A new research paper introduces EHVC, an Efficient Hierarchical Neural Video Codec, marking a significant advancement in video compression technology. This work, detailed in the paper available here, addresses critical challenges in existing neural video codecs (NVCs) by focusing on the fundamental design of how video frames are referenced and how their quality is managed.
Traditional video codecs have benefited from decades of optimization in their hierarchical structures, which dictate how frames relate to each other in terms of prediction and quality. However, neural video codecs, despite their powerful end-to-end learning capabilities, have often relied on implicit hierarchical structures. These implicit structures can be inefficient, especially when dealing with long video sequences, leading to issues like error propagation and inconsistent quality over time.
The team behind EHVC, including Junqi Liao, Yaojun Wu, Chaoyi Lin, Zhipin Deng, Li Li, Dong Liu, and Xiaoyan Sun, proposes three key innovations to overcome these limitations:
Hierarchical Multi-Reference Scheme
One of the core problems identified is the “reference-quality mismatch” in NVCs. In traditional codecs, high-quality frames are strategically used as references for subsequent frames because they provide more reliable information. EHVC adopts this principle by designing an explicit hierarchical reference structure that aligns with the quality structure. It defines “key frames” as those with high reconstruction quality. Other frames can then reference not only their immediate preceding frame but also a previous high-quality key frame. This dual-reference approach creates a more stable and robust reference structure. For instance, if an adjacent frame is of low quality or corrupted, the key frame reference can still provide crucial, high-quality information, preventing widespread quality degradation. Experiments demonstrate that while other NVCs suffer prolonged quality drops after a corrupted frame, EHVC quickly recovers, showcasing its enhanced stability.

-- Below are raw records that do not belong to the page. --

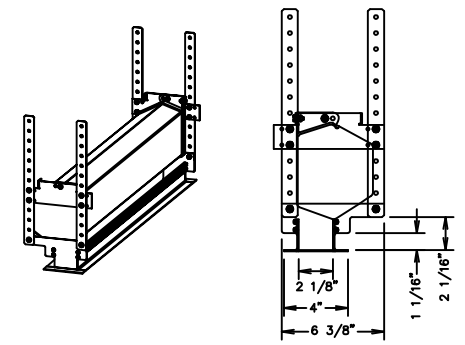

Mounting Details

DRAPER PREMIER
Isometric Mounting Detail

Ceiling Trim Kit
Mounting Details

DRAPER		DRAPER Inc. 411 S. Pearl St. Spiceland, Indiana	
Title		Premier	
		Sheet 1 of 1	
Scale	Date	Part NO.	
1"=1'	7/9/2012

Lookahead Strategy for Enhanced Quality
To further refine the quality structure, EHVC introduces a novel lookahead strategy. This allows the encoder to incorporate context from a future frame – specifically, the very next frame – into its decision-making process. By having this forward-looking information, the network can learn a more efficient and predictive quality structure. This is achieved while maintaining a low-delay setting, meaning the codec doesn’t need to wait for many future frames, making it practical for real-world applications.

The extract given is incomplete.